A pretrial assessment algorithm incorporated into one of Gov. Bill Lee’s criminal justice bills is being questioned because it injects “structural racism and institutional inequity” into the court system, according to critics.
House Bill 784 sponsored by House Majority Leader William Lamberth requires judges and magistrates to use an evidence-based pretrial risk assessment to determine whether a defendant should be held in jail before court or bail should be set to ensure a defendant returns for court appearances. Senate Majority Leader Jack Johnson, a Franklin Republican, is sponsoring SB767.
House Minority Chairman Vincent Dixie, a bail bondsman by trade, says it’s “not fair” to use such a formula to determine whether someone should be kept jail or released on bail before court and considers the algorithm to be “racist” because it targets people based on where they live and their family history.
The odds are people raised in the North Nashville area with a 37208 ZIP code won’t fare well on this formula, Dixie says.
“The algorithm is inherently biased. They ask questions such as what’s your ZIP code? What’s your level of education? What’s your parents’ level of education? Are your parents married? Are you from a single-parent home?” says Dixie, a Nashville Democrat.
Using answers from those types of questions, the algorithm spits out a response for a defendant’s pretrial risk assessment. That type of formula takes away a judge’s discretion to decide the fate of a defendant rather than knowledge of the person, such as whether he or she stayed drug-free for 11 months but slipped up.
If the state depends completely on such a formula, the judge wouldn’t be able to give the defendant an opportunity to pass a drug test and make bail, Dixie says.

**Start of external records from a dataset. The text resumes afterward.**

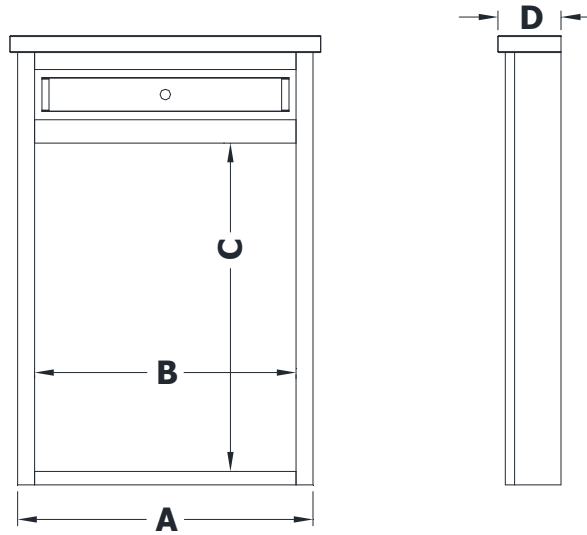

# MIRRORED CABINET WITH LIGHTS SPECIFICATIONS

## Premier Overlay Collections Lambiere

Cabinet height is 36 1/2", Cabinet Depth is 4 1/2".

Crown adds 1 1/4" to the width.

Electrical box opening is centered and 3 3/8" from the top.

All dimensions are shown in inches rounded up or down to the nearest 1/8".

Model	A	B	C	D
BM30PL-	30"	27 1/4"	26 3/4"	5 1/8"
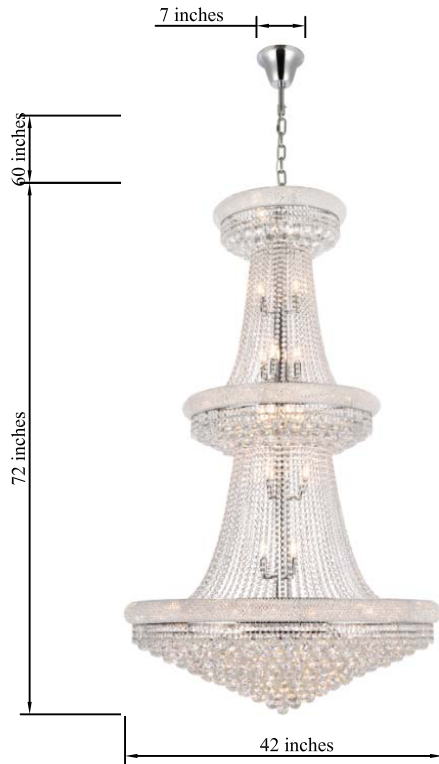

PRODUCT SPECIFICATION SHEET

PRIMO COLLECTION

Primo (38)-Light Chrome Pendant Clear Crystal

Chrome
Item No: V1800G42C

Gold
Item No: V1800G42G

Available Finishes

The Collection is composed of Chandeliers,
Table Lamps, Pendants
Wall Sconces and Flush Mounts

Dimensions

Canopy Size(in)	D7"H5"
Chain/Rod Length	60"
Length	N/A
Width	42"
Height	72"
Maximum Height	132"

Specifications

Finish	2 Finishes
Material	Iron / Crystal
Crystal/Glass Color	Clear
Type	Pendant
Hanging Device	Chain
Voltage	110-125V
Dimmable	YES
Warranty	1 Year Limited
Shipment Type	LTL

Bulb / Socket

Socket Type	E12
Number of Lights	38
Wattage/Bulb	40W
Included	No

Installation

Indoor/Outdoor	Indoor
Dry/Wet/Damp	Dry
Weight	304 LBS
Wire Length	144"
Safety Rating	UL Listed

“That algorithm’s been troubled since the beginning. Even the originators of it, going back six years in the state of Pennsylvania, said it’s no good,” Dixie says.
Dixie speculated that Gov. Bill Lee doesn’t understand how the formula affects people.
Asked about the legislation and whether it could negatively affect people of color, Gov. Lee said last week, changes are constantly being made to his legislation. He couldn’t speak to the legislation’s details and said his office wouldn’t know what they look like until they get through the Legislature’s committee system.
Under the legislation, a magistrate also may consider the defendant’s length of residence in the community, employment status, criminal record, including previous releases on recognizance or bail and whether the person was already out on bail when charged with the offense, nature of the offense, substance use or mental health issues and any other factors indicating ties to the community or bearing on the risk of the defendant’s willful failure to appear in court.
Those give judges and magistrates some discretion in pretrial assessments, making the bill a little easier to stomach for those working in the criminal justice system.
Still, Baltimore, Maryland-based Pretrial Justice Institute, a group dedicated to safe and fair pretrial justice, released a paper in the 2020 reversing course, saying these types of pretrial risk assessment tools are “no longer” a part of its solution for “building equitable pretrial justice systems.”
“Regardless of their science, brand or age, these tools are derived from data reflecting structural racism and institutional inequity that impact our court and law enforcement policies and practices. Use of that data then deepens the inequity,” the institute wrote.
The institute says it previously believed using a “transparent and consistent” research-based tool could reduce jail populations and racial disparities and keep communities safer. It also believed coupling that with the end to money bonds would cut pretrial jail populations.
Despite concerns raised by civil rights groups, researchers and those affected, the institute struck with its argument for several years, saying it wanted to fight the status quo. But, it acknowledged in the 2020 paper, “We made a mistake – we did not have the right people at the table when we were designing our roadmap to decarceration, particularly individuals directly impacted by the system.”
The institute admits it was “wrong” for using risk tools as part of its “smart” pretrial justice framework.
The institute contends it has “consistently” opposed pretrial risk assessment tools for detention decisions but is now expanding that opposition to setting restrictions on pretrial liberty, such as reporting visits, electronic monitoring, curfews and drug testing. The group also remains opposed to the use of secured financial bonds that enable some “to buy their freedom” while others are jailed.
The legislation is to be considered Tuesday in finance committees of the House and Senate. Lamberth, a Portland Republican, noted much of the bill is already included in state law.
“The main difference is they’re saying you have to use a risk assessment tool, but it doesn’t specify which one. So we’re not actually requiring any one specific tool, but what we are saying is every single judicial commissioner that’s setting a bond should look at all those factors and take in a risk assessment to the community as part of setting bonds,” Lamberth said.
Either a citation or release on recognizance should be considered at the outset, followed by risk assessment and other factors that go into consideration for setting a bond, he added.
Lamberth pointed out the state wants to encourage use of pretrial supervision and pretrial release as well as electronic monitors and bond supervision, all of which would enable someone to avoid posting a cash bond while still facing some restrictions.
“Nothing in this bill changes that, but we do encourage, in fact we require a risk assessment as well as the rest of those factors to keep the community safe,” he said.